Segment Start: GIVEN RECORDS
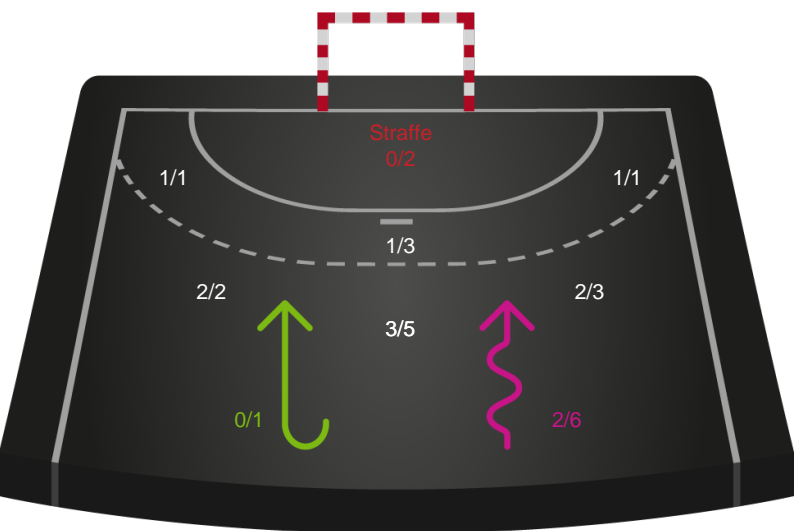

Bjerringbro FH - København Håndbold - 31-36 (19-21)

748213 / 19.10.2024, 15.00 / & Kulturcenter 1 / Kvindeligaen - Grundspil

Bjerringbro FH

Redningsdiagram

Kontra

Gennembrud

København Håndbold

Redningsdiagram
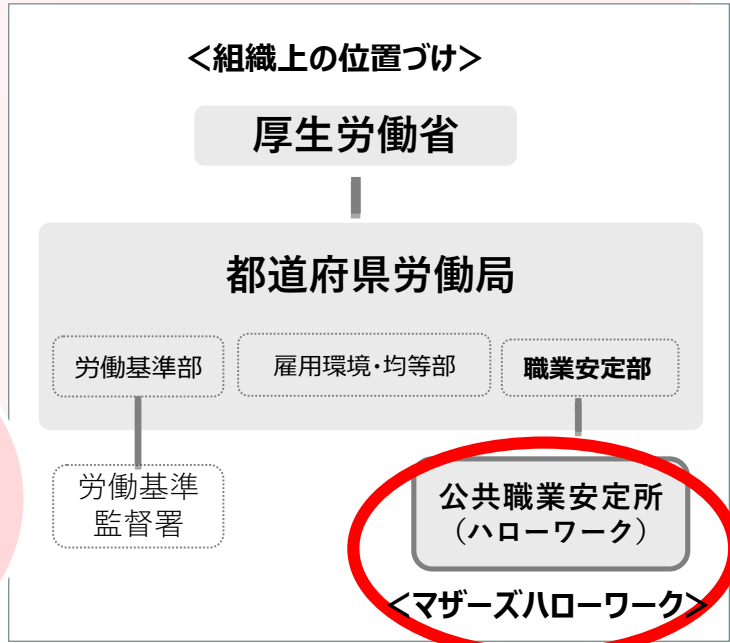

- ➡ 2 東京労働局マザーズハローワーク・コーナーの支援
- ➡ 3 Topic（オンライン&アウトリーチ）
- ➡ 4 おしごと探しのサポート事例
- ➡ 5 参考資料

マザーズハローワークとは

仕事と家庭を両立したいあなたをサポート

マザーズハローワーク マザーズコーナー

➤ **仕事と子育ての両立**をめざす方へ、**お子様連れ**でも利用しやすい環境で
きめ細やかな就職支援を行っている
国の施設です。
(平成18年4月から全国12か所に開設)

- 全国マザーズハローワーク **21**か所、マザーズコーナー**185**か所 (令和4年12月現在)
- **就職率は 90%** 以上、過去5年間で**32万人**の方が就職
- すべて**無料**の支援メニュー

オンラインで求職登録・職業相談が可能です！

担当者制
による
マンツーマン
の個別支援

お子様連れ
でも安心の設備
(キッズコーナー、
授乳室 他)

子育てと両立
しやすい
求人の紹介

仕事に
役立つ各種
セミナー開催

※環境は施設によって異なります

▶ 1 マザーズハローワークとは

▶ 2 東京労働局マザーズ ハローワーク・コーナーの支援

▶ 3 Topic（オンライン＆アウトリーチ）

▶ 4 おしごと探しのサポート事例

▶ 5 参考資料

東京労働局マグ-ズ ハローワーク・コーナー MAP

- ハローワーク
- マザーズハローワーク
- ハローワークプラザ等
(求人検索の支援、産後復帰支援等
の相談、行きハローワークの相談等)
Segment End: GIVEN RECORDS
[WHAT IS EXPECTED]: Leaving the pictures aside, give back all the records exactly as they are.

[TASK RESPONSE]:
Bjerringbro FH - København Håndbold - 31-36 (19-21)

748213 / 19.10.2024, 15.00 / & Kulturcenter 1 / Kvindeligaen - Grundspil

Bjerringbro FH

Redningsdiagram

Kontra

Gennembrud

København Håndbold

Redningsdiagram

- ➡ 2 東京労働局マザーズハローワーク・コーナーの支援
- ➡ 3 Topic（オンライン&アウトリーチ）
- ➡ 4 おしごと探しのサポート事例
- ➡ 5 参考資料

マザーズハローワークとは

仕事と家庭を両立したいあなたをサポート

マザーズハローワーク マザーズコーナー

➤ **仕事と子育ての両立**をめざす方へ、**お子様連れ**でも利用しやすい環境で
きめ細やかな就職支援を行っている
国の施設です。
(平成18年4月から全国12か所に開設)

- 全国マザーズハローワーク **21**か所、マザーズコーナー**185**か所 (令和4年12月現在)
- **就職率は 90%** 以上、過去5年間で**32万人**の方が就職
- すべて**無料**の支援メニュー

オンラインで求職登録・職業相談が可能です！

担当者制
による
マンツーマン
の個別支援

お子様連れ
でも安心の設備
(キッズコーナー、
授乳室 他)

子育てと両立
しやすい
求人の紹介

仕事に
役立つ各種
セミナー開催

※環境は施設によって異なります

▶ 1 マザーズハローワークとは

▶ 2 東京労働局マザーズ ハローワーク・コーナーの支援

▶ 3 Topic（オンライン＆アウトリーチ）

▶ 4 おしごと探しのサポート事例

▶ 5 参考資料

東京労働局マグ-ズ ハローワーク・コーナー MAP

- ハローワーク
- マザーズハローワーク
- ハローワークプラザ等
(求人検索の支援、産後復帰支援等
の相談、行きハローワークの相談等)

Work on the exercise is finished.